Chapter 1: The Church Shouldn’t Do Worship Music, the Charts Have It Covered

The main purpose of this chapter is to describe “a lack” (emptiness, discontent, unfulfilled longing, sense of loss or separation) at the heart of human existence, which originates in the process of coming to self-awareness. It also describes the feeling that there is something just beyond our reach that might help fill this void.

We tend to think that our discontent is the result of something that we don’t currently have, but if we had “it” then the void would be filled and we would finally be happy. The “it” could be just about anything: money, possessions, power, fame, admiration, a better job, a thinner body, a whiter smile, a more passionate sex life, etc.

The problem, however, is that we know people who have what we think we need to be happy, and they still experience the lack. Even more troubling, when we actually get what we hope will remove our discontent, we soon discover that it’s still there! This leads us to imagine that while our newest acquisition didn’t fill the void, there is still something else just beyond our grasp that will. More grasping results in more disappointment, which results in more grasping.

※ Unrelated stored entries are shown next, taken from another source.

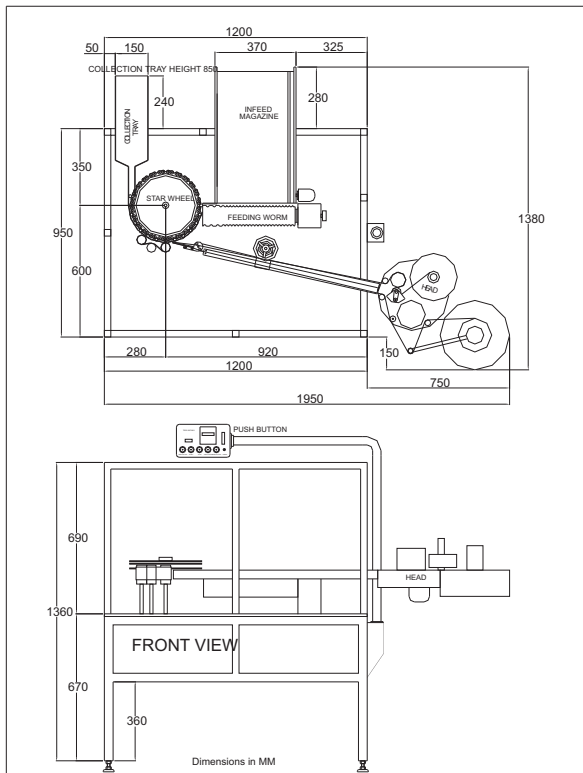

Dimensions in MM

D.NO.

Automatic High Speed Vertical Rotary Sticker Labelling Machine

P.N.C.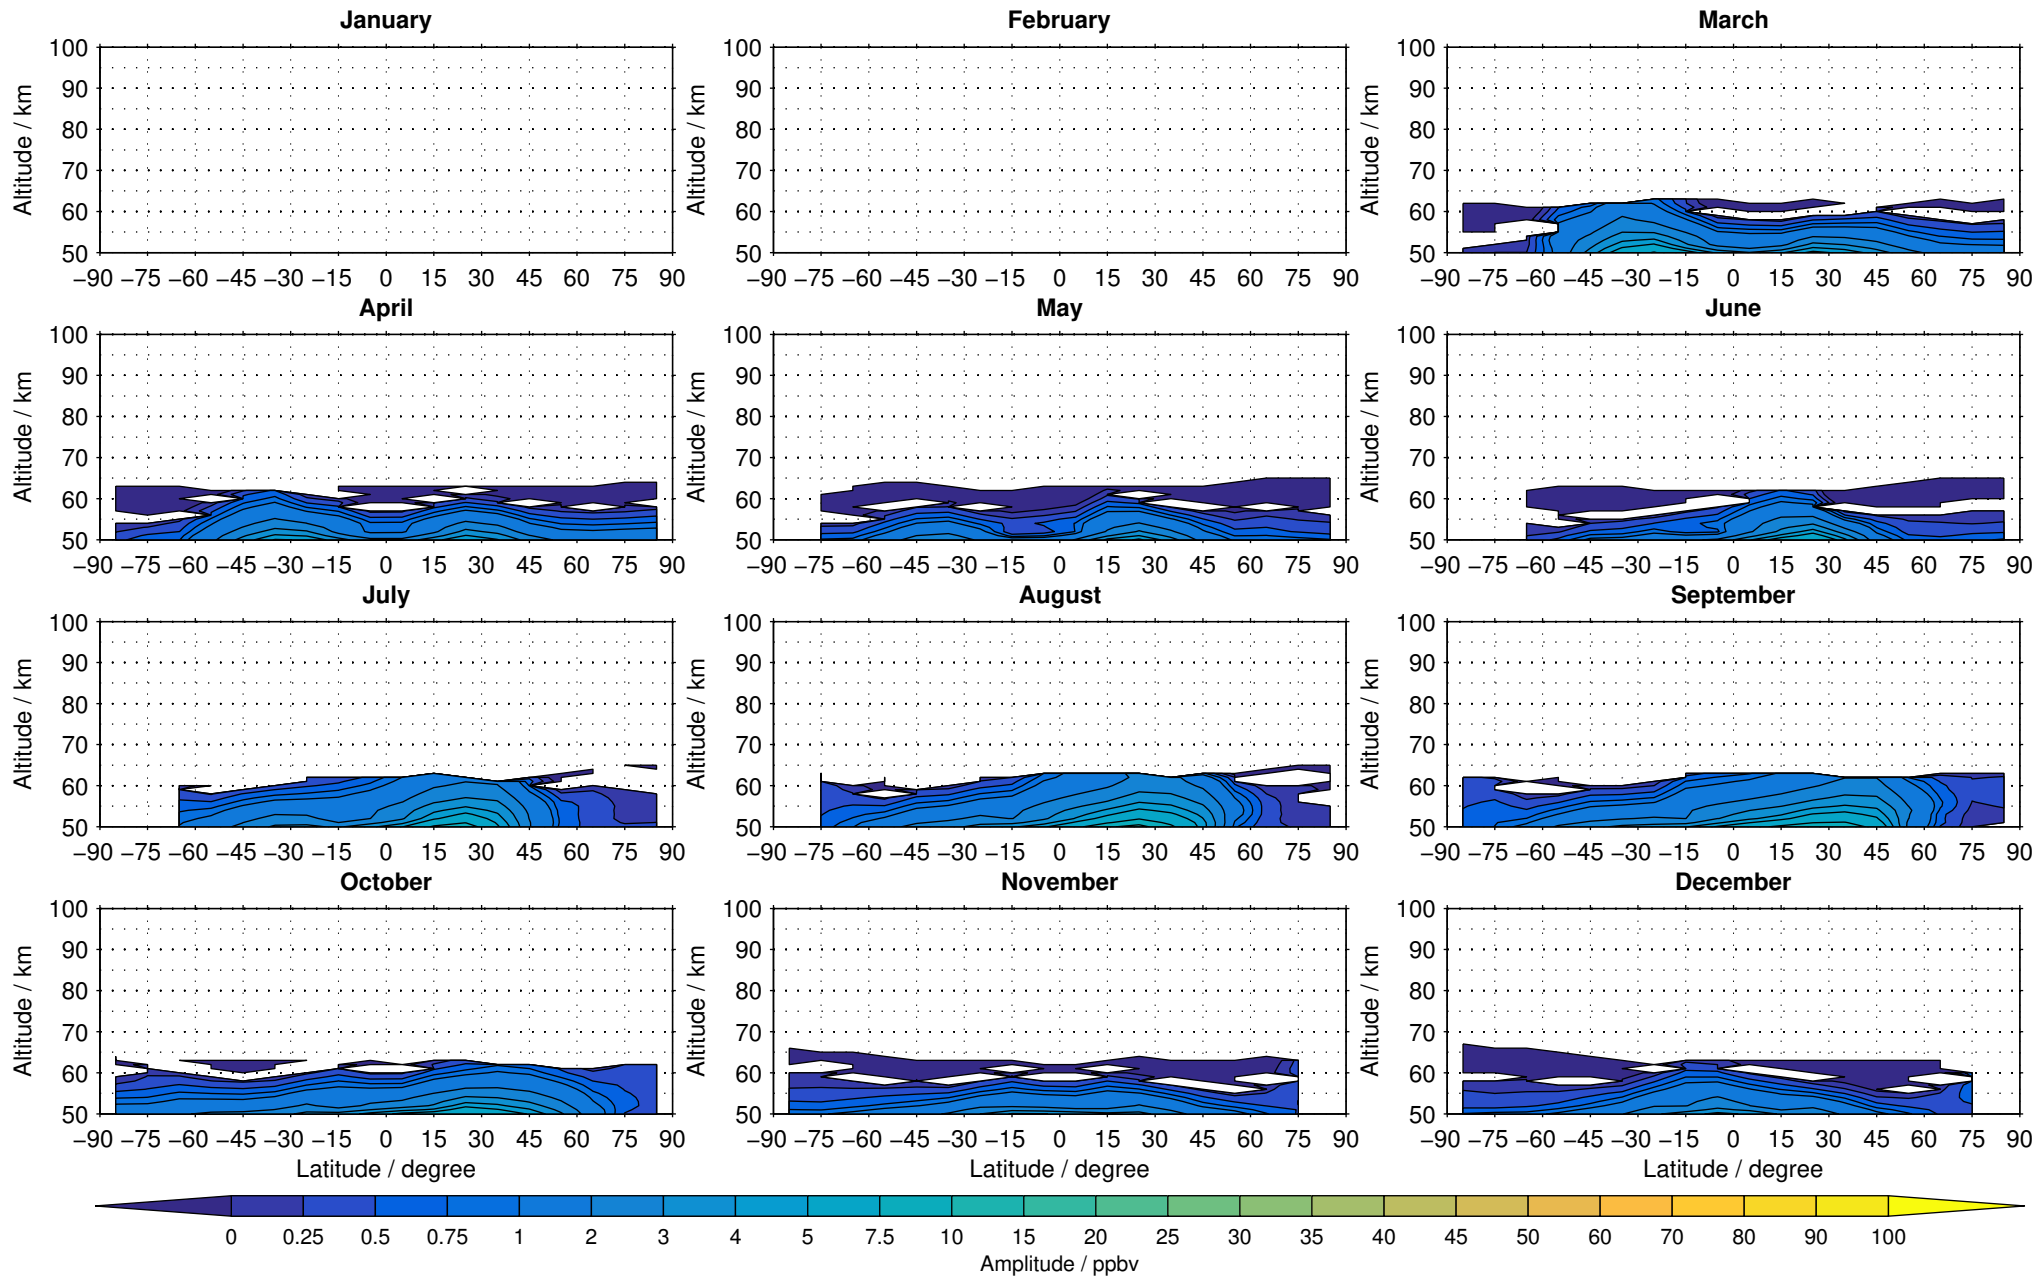

Envisat/MIPAS (IMKIAA) V5R v521 MA daytime nitrous oxide distribution for 2005

Creation Time:
11-04-2017
21:22:11 LT

Envisat/MIPAS (IMKIAA) V5R v521 MA daytime nitrous oxide distribution for 2006

Creation Time:
11-04-2017
21:22:12 LT

Envisat/MIPAS (IMKIAA) V5R v521 MA daytime nitrous oxide distribution for 2007

Creation Time:
11-04-2017
21:22:12 LT

Envisat/MIPAS (IMKIAA) V5R v521 MA daytime nitrous oxide distribution for 2008

Creation Time:
11-04-2017
21:22:13 LT

Envisat/MIPAS (IMKIAA) V5R v521 MA daytime nitrous oxide distribution for 2009

Creation Time:
11-04-2017
21:22:14 LT

Envisat/MIPAS (IMKIAA) V5R v521 MA daytime nitrous oxide distribution for 2010

Creation Time:
11-04-2017
21:22:15 LT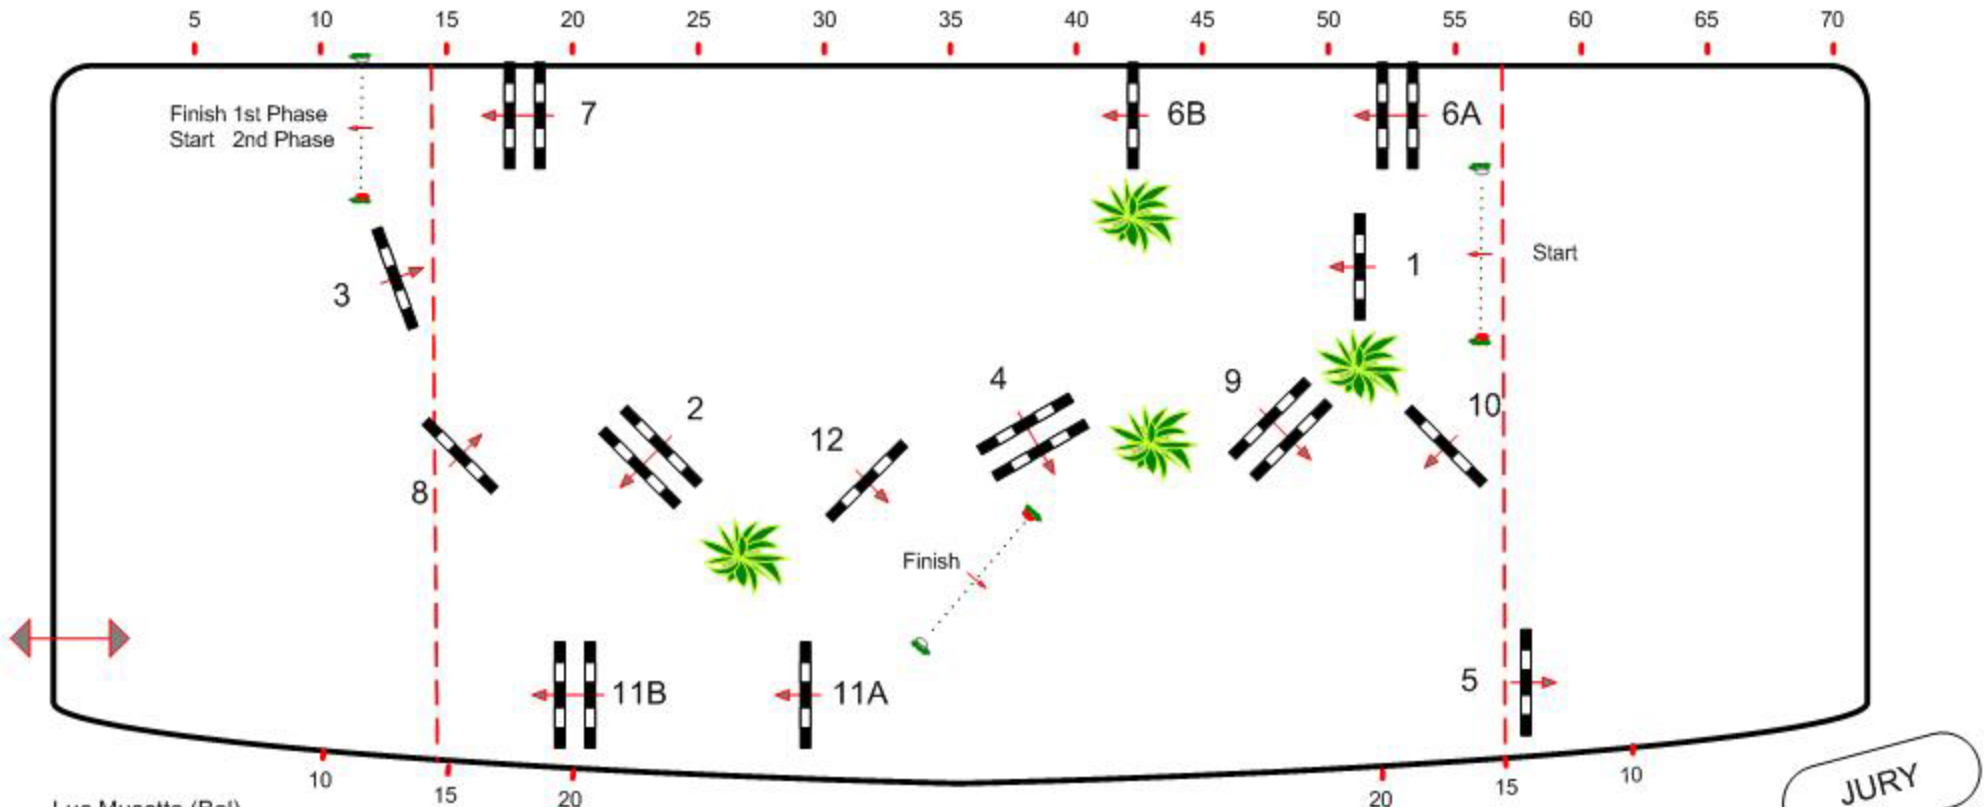

### CSI \*\*\*\*\*

Class No.: III INVITATIONAL  
jeudi 28 juin 2012

Competition in two Phases SPECIAL  
Start: 0:00

Table: A  
National RG:  
FEI RG / Art. 274.5.6  
Height: 1,40 m

Speed: 350 m/min  
Length: 220 m  
Time allowed: 38 sec  
Time limit: 76 sec

Obstacles: 1 TO 7  
Efforts: 8  
Penalty sec:  
Closed combination:

2nd Phase: 8 TO 12  
Length: 210 m  
Time allowed: 36 sec  
Time limit: 72 sec

Luc Musette (Bel)  
Uliano Vezzani (Ita)  
Pierfrancesco Bazzocchi (Ita)

A self-perpetuating vicious cycle ensues that renders even the most well-meaning person a slave. As we feed our appetite for satisfaction, it gets stronger and more destructive. (Think of the dynamics of addiction.)

At the end of the day, “this belief in something that would finally bring satisfaction is nothing more than a fantasy we create, a fantasy that fuels the obsessive drive . . .” to acquire and consume more objects and experiences that we think will fix us. But it’s like playing a rigged casino game—it never really works, and the more we try to make it work the more attached, enslaved, and miserable we become.

Rollins goes on to make the radical claim that almost the entire existing church has been co-opted and corrupted by the same logic: (1) You are separated from God by sin. (2) This is the cause of a deep sense of dissatisfaction and uncertainty, (3) If you accept Jesus as your personal Lord and Savior and lead a life of spiritual discipline, then God will permanently remove the void, utterly satisfy your deepest desires, and give you absolute certainty.

According to Rollins, this is how God is transformed into another product to be sold that promises to take away all your pain and make you whole. This is how God is turned into an idol and sold in a flourishing Christian industry of books, worship music, conferences, church services, etc. What we desire stays the same, how we desire stays the same, the promise of satisfaction and certainty stays the same, we just switch-out the terms. So instead of trusting more money, a better looking spouse, or a more attractive body to remove the void and give us a sense of total satisfaction, preachers hold out the same promise with more faithful church attendance, increased tithing, and a more disciplined devotional life (which, of course, requires the newest book or latest worship album).

In contrast, what is needed is not another recapitulation of the same old story, which reinforces a false (idolatrous) narrative and keeps us stuck in self-destructive consumption. Rather, we need a genuine alternative to this way of seeing the world, a more authentic way of developing a life of meaning and value. We need a radically different way of understanding Christianity that will enable us to be a more loving, active manifestation of Christ’s love in this world. As we will see, this alternative vision can be found in the New Testament, if we have eyes to see.